* [RECORDED INFORMATION]:
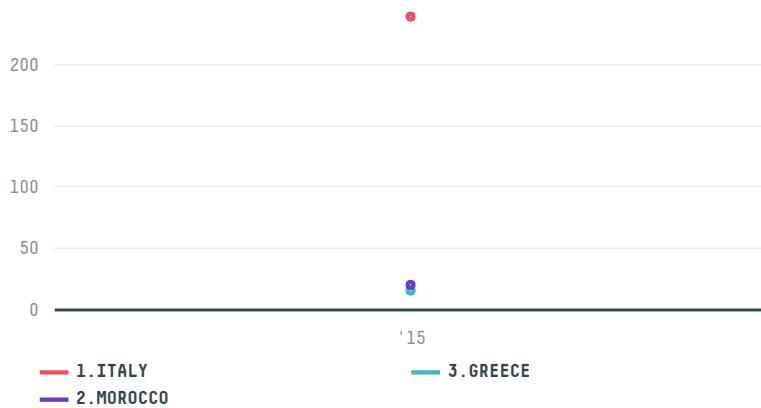

trase

INTERKOM S.P.A.

ACTIVITY: **Importer**
COMMODITY: **Coffee**
COUNTRY: **Brazil**
YEAR: **2015**

INTERKOM S.P.A. was the 436th largest importer of coffee from BRAZIL in 2015, accounting for 273 tons. As an importer, INTERKOM S.P.A. sources from 12 municipalities, or 1% of the coffee production municipalities. The main destination of the coffee imported by INTERKOM S.P.A. is ITALY, accounting for 87% of the total.

TOP DESTINATION COUNTRIES OF COFFEE IMPORTED BY INTERKOM S.P.A.:

Trase is a partnership between

In collaboration with

and many other organizations and individuals.

Donors

[Terms of Use](#) · [Privacy policy](#) · [Cookie policy](#) · [Contact us](#)

* [PROBLEM TO SOLVE]: Find how many of the lines above have the word "INTERKOM" in them. State only that number.

* [ANSWER SECTION]: 3